[Recorded data]
════════

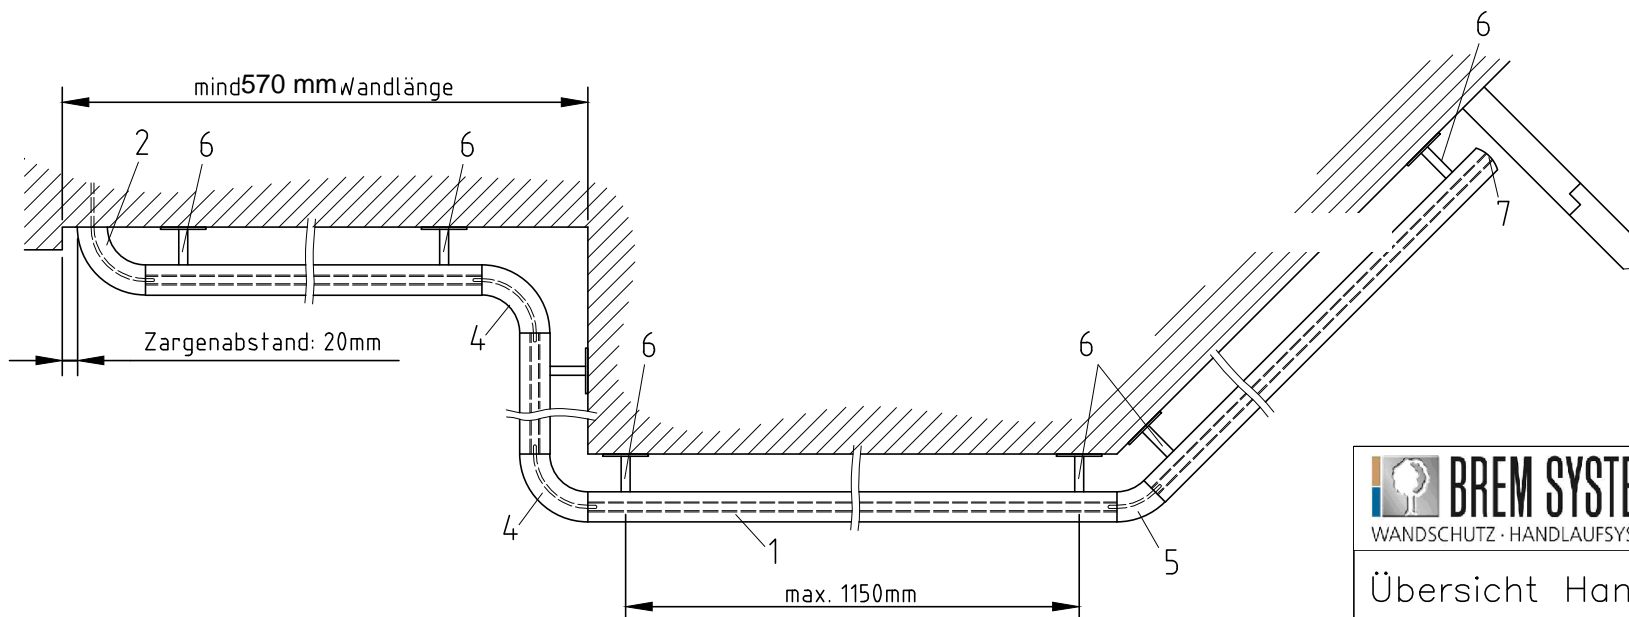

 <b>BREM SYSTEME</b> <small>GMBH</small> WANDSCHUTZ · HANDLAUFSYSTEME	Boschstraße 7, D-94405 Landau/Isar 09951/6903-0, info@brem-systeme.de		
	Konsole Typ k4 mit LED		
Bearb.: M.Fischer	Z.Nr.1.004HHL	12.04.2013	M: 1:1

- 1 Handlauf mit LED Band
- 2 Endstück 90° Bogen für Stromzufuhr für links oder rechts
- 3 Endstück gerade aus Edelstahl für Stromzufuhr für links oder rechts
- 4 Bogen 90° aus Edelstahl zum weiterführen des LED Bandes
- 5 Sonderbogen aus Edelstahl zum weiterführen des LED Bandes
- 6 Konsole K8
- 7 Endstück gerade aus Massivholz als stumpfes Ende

════════

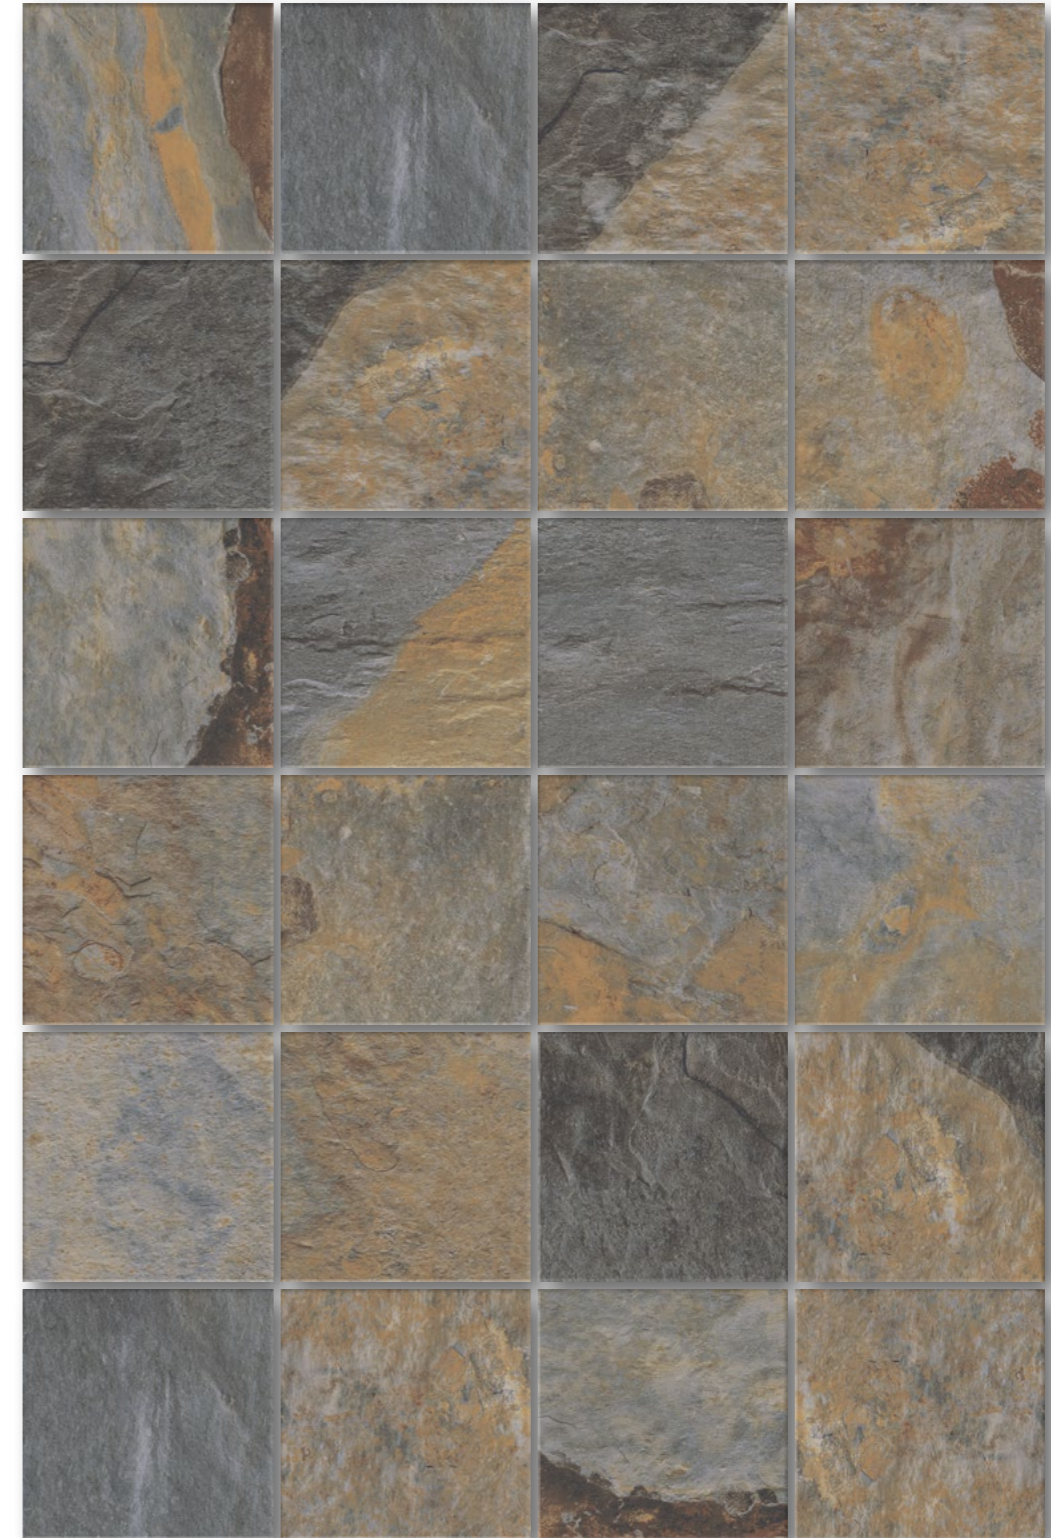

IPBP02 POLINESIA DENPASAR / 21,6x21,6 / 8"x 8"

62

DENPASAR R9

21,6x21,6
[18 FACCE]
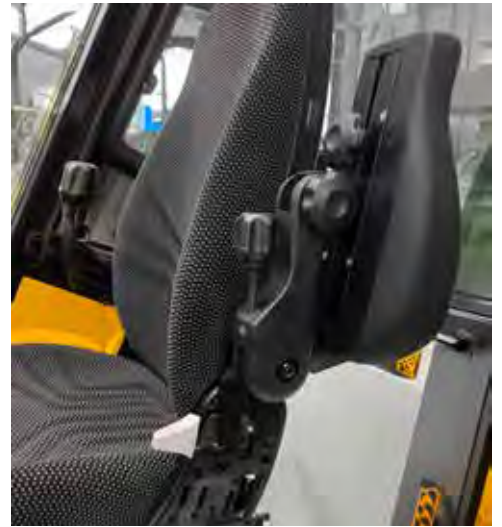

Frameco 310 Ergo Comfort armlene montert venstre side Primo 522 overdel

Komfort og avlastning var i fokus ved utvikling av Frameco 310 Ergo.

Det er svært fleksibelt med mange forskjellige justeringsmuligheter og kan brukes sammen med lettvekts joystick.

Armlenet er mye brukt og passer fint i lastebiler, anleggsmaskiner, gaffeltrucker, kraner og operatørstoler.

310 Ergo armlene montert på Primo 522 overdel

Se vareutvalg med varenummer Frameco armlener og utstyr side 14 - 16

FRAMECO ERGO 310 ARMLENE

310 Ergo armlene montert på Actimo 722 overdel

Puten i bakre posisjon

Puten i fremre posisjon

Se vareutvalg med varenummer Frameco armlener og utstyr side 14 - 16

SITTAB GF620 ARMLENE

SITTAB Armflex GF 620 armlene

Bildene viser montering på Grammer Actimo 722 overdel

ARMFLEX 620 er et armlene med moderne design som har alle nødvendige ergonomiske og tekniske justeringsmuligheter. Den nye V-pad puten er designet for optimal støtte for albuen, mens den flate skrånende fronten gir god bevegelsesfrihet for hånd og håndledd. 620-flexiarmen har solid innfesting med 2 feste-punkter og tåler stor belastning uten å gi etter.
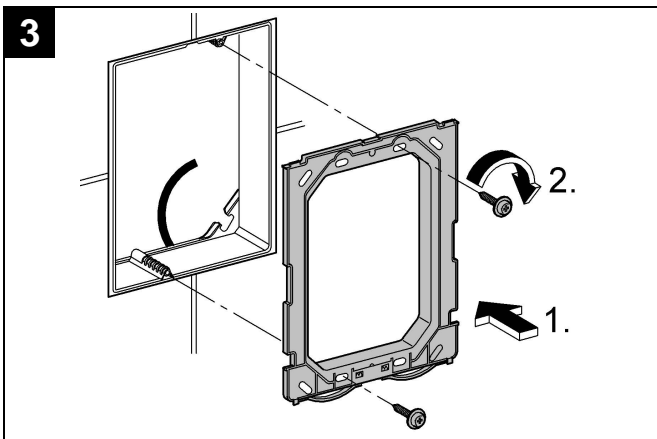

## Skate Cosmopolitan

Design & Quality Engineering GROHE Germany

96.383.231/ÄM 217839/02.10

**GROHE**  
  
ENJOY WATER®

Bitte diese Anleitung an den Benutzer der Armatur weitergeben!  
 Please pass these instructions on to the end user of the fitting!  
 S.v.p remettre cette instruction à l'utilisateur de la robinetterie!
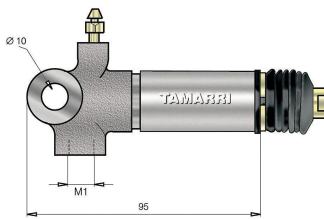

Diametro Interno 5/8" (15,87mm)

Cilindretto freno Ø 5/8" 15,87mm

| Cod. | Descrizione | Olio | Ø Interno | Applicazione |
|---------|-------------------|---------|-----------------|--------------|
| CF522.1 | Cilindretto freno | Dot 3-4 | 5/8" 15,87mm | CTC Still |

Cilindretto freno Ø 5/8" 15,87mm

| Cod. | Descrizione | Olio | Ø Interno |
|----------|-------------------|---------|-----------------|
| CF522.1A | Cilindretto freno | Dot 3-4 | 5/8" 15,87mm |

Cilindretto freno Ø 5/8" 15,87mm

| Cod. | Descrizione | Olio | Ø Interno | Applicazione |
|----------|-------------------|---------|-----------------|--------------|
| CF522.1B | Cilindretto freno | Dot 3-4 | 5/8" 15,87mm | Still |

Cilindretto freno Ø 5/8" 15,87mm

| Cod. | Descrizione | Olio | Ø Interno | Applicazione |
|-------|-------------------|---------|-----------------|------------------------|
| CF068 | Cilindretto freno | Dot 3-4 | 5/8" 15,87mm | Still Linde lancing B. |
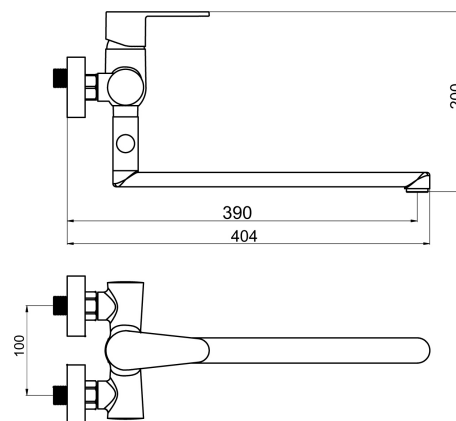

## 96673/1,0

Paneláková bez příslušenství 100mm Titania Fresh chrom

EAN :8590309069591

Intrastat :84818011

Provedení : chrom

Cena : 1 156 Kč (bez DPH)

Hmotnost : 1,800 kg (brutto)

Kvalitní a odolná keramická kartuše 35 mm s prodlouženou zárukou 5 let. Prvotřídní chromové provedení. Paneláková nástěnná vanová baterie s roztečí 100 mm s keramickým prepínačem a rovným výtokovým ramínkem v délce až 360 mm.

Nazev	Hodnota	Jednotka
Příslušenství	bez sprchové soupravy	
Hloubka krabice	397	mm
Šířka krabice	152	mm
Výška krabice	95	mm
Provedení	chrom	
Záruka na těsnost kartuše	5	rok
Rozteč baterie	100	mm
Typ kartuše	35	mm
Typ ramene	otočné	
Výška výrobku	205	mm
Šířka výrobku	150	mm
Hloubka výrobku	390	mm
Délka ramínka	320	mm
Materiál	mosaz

════════

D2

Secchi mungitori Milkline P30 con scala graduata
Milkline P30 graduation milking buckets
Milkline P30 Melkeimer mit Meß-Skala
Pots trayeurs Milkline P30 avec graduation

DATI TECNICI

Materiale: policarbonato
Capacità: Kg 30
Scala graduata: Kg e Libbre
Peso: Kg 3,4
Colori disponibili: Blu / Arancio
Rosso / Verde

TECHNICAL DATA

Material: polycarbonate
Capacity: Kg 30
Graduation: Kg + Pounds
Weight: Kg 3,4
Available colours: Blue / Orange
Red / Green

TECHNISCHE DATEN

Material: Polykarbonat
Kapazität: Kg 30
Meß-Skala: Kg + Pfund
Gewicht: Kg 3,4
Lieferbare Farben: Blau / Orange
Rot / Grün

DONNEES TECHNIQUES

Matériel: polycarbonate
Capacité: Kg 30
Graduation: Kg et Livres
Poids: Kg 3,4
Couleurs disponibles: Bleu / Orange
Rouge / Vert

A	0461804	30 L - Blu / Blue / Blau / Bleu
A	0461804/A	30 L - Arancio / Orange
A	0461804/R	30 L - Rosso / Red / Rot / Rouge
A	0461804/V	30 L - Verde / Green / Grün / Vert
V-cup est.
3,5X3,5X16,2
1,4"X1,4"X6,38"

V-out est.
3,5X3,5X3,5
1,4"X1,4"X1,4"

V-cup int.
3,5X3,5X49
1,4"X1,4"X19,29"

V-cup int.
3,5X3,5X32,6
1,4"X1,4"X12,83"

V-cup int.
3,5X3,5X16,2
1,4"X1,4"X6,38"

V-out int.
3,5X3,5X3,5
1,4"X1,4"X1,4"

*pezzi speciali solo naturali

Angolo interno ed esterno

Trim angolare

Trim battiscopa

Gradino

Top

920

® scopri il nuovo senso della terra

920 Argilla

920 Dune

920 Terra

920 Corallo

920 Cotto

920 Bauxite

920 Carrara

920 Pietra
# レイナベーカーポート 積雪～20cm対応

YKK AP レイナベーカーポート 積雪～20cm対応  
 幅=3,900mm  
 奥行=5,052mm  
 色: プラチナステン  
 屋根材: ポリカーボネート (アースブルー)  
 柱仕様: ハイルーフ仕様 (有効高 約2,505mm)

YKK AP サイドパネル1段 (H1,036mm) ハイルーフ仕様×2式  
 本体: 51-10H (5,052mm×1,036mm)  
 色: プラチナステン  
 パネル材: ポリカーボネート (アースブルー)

════════

### Your goal
Copy out the lines of the data where the word "kartuše" can be found.

### Task solution
Kvalitní a odolná keramická kartuše 35 mm s prodlouženou zárukou 5 let. Prvotřídní chromové provedení. Paneláková nástěnná vanová baterie s roztečí 100 mm s keramickým prepínačem a rovným výtokovým ramínkem v délce až 360 mm.
Záruka na těsnost kartuše	5	rok
Typ kartuše	35	mm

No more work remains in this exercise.